The CRA requires manufacturers to prepare technical documentation as described in Annex VII.

This documentation demonstrates how the product satisfies the essential cybersecurity requirements contained in Annex I.

The technical file should include:

General Product Description

A detailed description of:

Product purpose
Intended use
Architecture
Components
Software and hardware elements

Design, Development and Vulnerability Handling Processes

Manufacturers must document:

Secure development procedures
Security testing methodologies
Vulnerability management processes
Patch management workflows
Product maintenance procedures

Cybersecurity Risk Assessment

The risk assessment must identify:

Threats
Vulnerabilities
Potential impacts
Mitigation measures
Residual risks

This assessment must remain current throughout the support period.
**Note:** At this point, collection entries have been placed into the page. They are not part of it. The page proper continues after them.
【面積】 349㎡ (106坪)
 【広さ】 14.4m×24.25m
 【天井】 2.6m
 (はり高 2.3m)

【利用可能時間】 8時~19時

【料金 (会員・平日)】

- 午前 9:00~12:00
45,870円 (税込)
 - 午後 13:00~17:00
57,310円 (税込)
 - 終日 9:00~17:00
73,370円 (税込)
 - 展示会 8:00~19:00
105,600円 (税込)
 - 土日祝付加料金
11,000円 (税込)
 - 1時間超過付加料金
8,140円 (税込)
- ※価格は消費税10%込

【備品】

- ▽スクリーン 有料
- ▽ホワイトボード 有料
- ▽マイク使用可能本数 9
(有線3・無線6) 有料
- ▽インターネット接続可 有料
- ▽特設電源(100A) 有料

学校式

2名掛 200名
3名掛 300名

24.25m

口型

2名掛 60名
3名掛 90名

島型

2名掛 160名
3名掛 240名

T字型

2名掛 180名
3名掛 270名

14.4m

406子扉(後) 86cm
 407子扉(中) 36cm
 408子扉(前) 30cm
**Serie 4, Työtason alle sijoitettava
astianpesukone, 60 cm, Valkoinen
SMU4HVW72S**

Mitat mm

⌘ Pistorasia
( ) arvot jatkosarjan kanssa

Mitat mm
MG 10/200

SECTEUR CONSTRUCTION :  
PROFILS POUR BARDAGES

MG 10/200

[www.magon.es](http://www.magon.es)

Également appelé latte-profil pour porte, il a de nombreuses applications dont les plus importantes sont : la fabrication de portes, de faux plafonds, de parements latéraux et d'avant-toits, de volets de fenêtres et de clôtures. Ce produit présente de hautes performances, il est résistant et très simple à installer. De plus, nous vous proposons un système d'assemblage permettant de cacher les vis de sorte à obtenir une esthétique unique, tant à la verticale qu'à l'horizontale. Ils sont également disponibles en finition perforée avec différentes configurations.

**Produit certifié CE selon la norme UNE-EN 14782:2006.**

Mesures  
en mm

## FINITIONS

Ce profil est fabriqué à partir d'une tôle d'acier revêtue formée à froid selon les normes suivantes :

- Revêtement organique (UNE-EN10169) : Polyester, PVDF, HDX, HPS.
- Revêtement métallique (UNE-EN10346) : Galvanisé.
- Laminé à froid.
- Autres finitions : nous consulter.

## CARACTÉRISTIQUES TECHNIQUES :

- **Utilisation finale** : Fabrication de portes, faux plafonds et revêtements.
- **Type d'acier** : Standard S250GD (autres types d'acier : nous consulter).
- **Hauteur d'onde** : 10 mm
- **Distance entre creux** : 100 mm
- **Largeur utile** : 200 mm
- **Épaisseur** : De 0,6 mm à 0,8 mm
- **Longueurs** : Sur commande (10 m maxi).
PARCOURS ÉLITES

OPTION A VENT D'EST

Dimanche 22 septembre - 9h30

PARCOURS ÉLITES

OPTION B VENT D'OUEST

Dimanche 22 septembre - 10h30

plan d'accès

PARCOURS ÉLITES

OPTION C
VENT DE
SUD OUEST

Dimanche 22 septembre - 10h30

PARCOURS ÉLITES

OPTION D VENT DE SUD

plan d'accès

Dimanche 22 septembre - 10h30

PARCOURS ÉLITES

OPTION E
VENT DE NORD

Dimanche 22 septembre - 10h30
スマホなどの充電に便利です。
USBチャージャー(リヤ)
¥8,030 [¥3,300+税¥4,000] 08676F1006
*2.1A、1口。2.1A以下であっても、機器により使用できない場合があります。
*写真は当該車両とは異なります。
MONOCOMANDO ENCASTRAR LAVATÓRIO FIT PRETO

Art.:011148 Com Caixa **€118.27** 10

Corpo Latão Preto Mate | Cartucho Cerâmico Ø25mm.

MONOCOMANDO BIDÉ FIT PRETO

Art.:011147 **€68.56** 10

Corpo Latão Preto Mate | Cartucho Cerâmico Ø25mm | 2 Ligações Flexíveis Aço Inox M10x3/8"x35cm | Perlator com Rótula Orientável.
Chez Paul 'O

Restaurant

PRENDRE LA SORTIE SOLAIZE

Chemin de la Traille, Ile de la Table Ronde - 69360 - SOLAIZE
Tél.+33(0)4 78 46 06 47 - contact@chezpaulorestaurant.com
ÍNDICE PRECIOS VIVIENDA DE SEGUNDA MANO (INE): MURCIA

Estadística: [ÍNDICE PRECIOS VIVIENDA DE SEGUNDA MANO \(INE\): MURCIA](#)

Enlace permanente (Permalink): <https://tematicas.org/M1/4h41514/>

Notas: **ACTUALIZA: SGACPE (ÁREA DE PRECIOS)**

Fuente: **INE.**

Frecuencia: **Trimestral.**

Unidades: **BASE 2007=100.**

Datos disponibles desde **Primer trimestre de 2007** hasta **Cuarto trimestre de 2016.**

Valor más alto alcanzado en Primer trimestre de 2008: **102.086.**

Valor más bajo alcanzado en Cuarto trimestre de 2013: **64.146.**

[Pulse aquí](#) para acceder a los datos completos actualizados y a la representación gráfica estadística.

Support Period Justification

Manufacturers must document information used to determine the support period under Article 13.

This includes evidence demonstrating how vulnerabilities will be managed and remediated during the supported lifecycle of the product.

Applicable Standards and Specifications

The technical file must include:

Harmonised standards applied
Common specifications used
Relevant certification schemes
Alternative technical solutions where standards are not applied

Where harmonised standards are not used, manufacturers must explain how cybersecurity requirements are otherwise satisfied.

Test Reports

Documentation should include:

Security testing reports
Validation evidence
Verification results
Penetration testing outcomes
Conformity assessment evidence

EU Declaration of Conformity Copy

A copy of the declaration must be included within the technical file.

Software Bill of Materials (SBOM)

Where applicable, manufacturers should include:

Component inventories
Open-source dependencies
Third-party software libraries
Software supply chain information

How to Perform a CRA Cybersecurity Risk Assessment

A cybersecurity risk assessment is one of the most important CRA obligations.

Manufacturers must document cybersecurity risks and use assessment results throughout product design, development, production, and maintenance.

Step 1: Identify Assets

Determine which assets require protection:

Software components
Hardware components
User data
Network interfaces
Remote processing services

Step 2: Identify Threats and Vulnerabilities

Evaluate potential attack vectors, including:

Unauthorized access
Software vulnerabilities
Supply chain risks
Misconfigurations
Known security weaknesses

Step 3: Assess Impact and Likelihood

Determine:

Business impact
User impact
Safety implications
Probability of exploitation

Step 4: Define Mitigation Measures

Implement controls that reduce identified risks.

Examples include:

Authentication controls
Encryption
Secure development practices
Access management
Vulnerability monitoring

Step 5: Maintain and Update the Assessment

The CRA requires risk assessments to remain current throughout the support period.

Manufacturers should review assessments whenever:

New vulnerabilities emerge
Product features change
Threat landscapes evolve

What Conformity Assessment Procedures Are Available?

Manufacturers must complete an appropriate conformity assessment before placing products on the EU market.

The CRA provides several pathways.

Assessment Route	Description
Internal Control (Module A)	Manufacturer self-assessment of conformity
EU-Type Examination (Module B)	Independent examination of product conformity
Full Quality Assurance (Module H)	Comprehensive quality management assessment
European Cybersecurity Certification Scheme	Certification route where available and applicable

The appropriate pathway depends on product characteristics, risk profile, and applicable requirements.